*Inflammatory Bowel Disease Clinical and Research Centre, University of Manitoba, Winnipeg, Manitoba, Canada; and Departments of †Psychology, ‡Clinical Health Psychology, and §Internal Medicine, University of Manitoba, Winnipeg, Manitoba, Canada.
Inflamm Bowel Dis. 2017 Sep;23(9):1461-1469. doi: 10.1097/MIB.0000000000001215.
We aimed to explore factors associated with health service utilization and preference for services, including alternatives to attending the emergency department (ED) when experiencing mild to moderate or severe symptoms.
A total of 1143 persons (46% response rate) aged 18 to 65 years in the population-based University of Manitoba IBD Research Registry participated in the survey.
Although 61% had a gastroenterologist, when experiencing active symptoms, only 29% felt they could call their gastroenterologist for an urgent appointment, and 42% could call their gastroenterologist for telephone advice. Nine percent of the respondents visited the ED in the previous year. If having severe symptoms, 48% said that they would attend the ED. Visits to the ED were related to higher bowel symptom severity and high health anxiety.
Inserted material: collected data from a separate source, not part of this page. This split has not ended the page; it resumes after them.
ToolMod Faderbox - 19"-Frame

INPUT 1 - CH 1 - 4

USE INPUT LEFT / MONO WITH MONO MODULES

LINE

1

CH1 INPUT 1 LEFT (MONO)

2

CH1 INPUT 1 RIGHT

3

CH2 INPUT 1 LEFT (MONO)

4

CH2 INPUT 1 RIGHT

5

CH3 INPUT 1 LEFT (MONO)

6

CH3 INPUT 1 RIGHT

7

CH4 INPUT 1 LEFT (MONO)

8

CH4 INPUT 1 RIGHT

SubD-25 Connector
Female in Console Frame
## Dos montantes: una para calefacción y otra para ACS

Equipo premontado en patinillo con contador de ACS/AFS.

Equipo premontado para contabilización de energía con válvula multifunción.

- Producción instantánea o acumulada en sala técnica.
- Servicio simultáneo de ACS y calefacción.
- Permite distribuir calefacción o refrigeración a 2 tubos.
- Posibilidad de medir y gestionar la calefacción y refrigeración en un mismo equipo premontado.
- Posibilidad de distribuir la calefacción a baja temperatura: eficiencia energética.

When experiencing severe symptoms, women, persons with Crohn's disease and those with high health anxiety, indicated that they would be more likely to use the ED. Considering services which could be available in the future respondents indicated that if acutely symptomatic they would be very likely or likely to use the following services: phone contact with inflammatory bowel disease nurse (77%), phone contact with a gastroenterologist (75%), and going to a walk-in gastroenterology clinic (71%).
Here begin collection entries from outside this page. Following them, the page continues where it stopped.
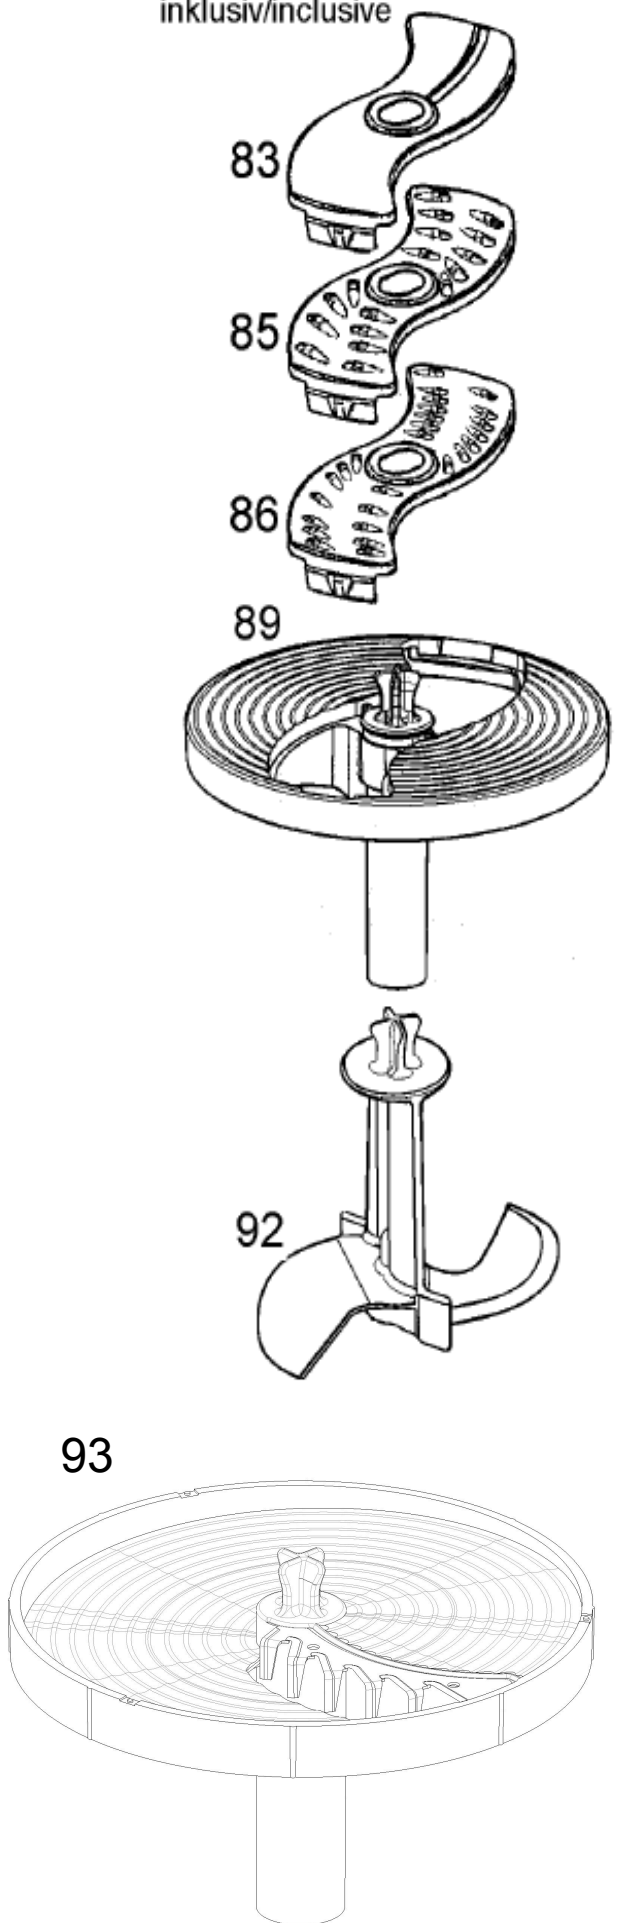

**MQ5007/5037/5077/
5137/5177**

1.250 ml

20

21

24

100

22

23

103

51

101

102

31

41

32

42

86

89

104

82

92

90

93

91

Posizione	Codice	Descrizione
0	7322113974	ICS 4162/4191/4199 MOTOR COUPLING
1	7322119504	IMPUGNATURA CON ALIMENTATORE
2	AS00004202	ASSIEME LAMA
3	BR67050811	GIUNTO
4	7322112234	INGRANAGGIO
5	7322112254	CORPO
7	7322112284	ACCOPPIAMENTO SCHIACCIAPATATE
8	7322112294	DADO
9	7322112274	ELICA
10	AS00004193	COPERCHIO
11	AS00004187	BICCHIERE, PLASTICA
50	BR67050148	RIDUTTORE
51	AS00004189	FRUSTA

Persons with inflammatory bowel disease are receptive to options other than the ED when experiencing inflammatory bowel disease symptoms; however, attending the ED remains a prominent choice. Improved access to specialized care may improve timeliness of care and reduce ED attendance. Future research should include the impact of health anxiety on health care utilization.
本研究旨在探讨与卫生服务利用和服务偏好相关的因素,包括在出现轻度至中度或重度症状时选择替代急诊就诊的方案。
共招募了 1143 名年龄在 18 至 65 岁的曼尼托巴大学炎症性肠病研究注册库的人群(46%的响应率)参与调查。
尽管 61%的参与者有胃肠病专家,但当出现活跃症状时,只有 29%的人认为他们可以打电话给胃肠病专家预约紧急就诊,42%的人可以打电话咨询胃肠病专家。9%的受访者在过去一年中去过急诊。如果出现严重症状,48%的人表示会去急诊。去急诊与更高的肠道症状严重程度和更高的健康焦虑有关。当出现严重症状时,女性、克罗恩病患者和健康焦虑程度较高的患者更有可能使用急诊。考虑到未来可能提供的服务,受访者表示如果出现急性症状,他们非常可能或可能会使用以下服务:与炎症性肠病护士电话联系(77%)、与胃肠病专家电话联系(75%)、以及去免预约的胃肠病诊所就诊(71%)。
炎症性肠病患者在出现炎症性肠病症状时愿意选择除急诊以外的其他方案;然而,去急诊仍然是一个突出的选择。改善对专科护理的获取可能会提高护理及时性并减少急诊就诊。未来的研究应包括健康焦虑对医疗保健利用的影响。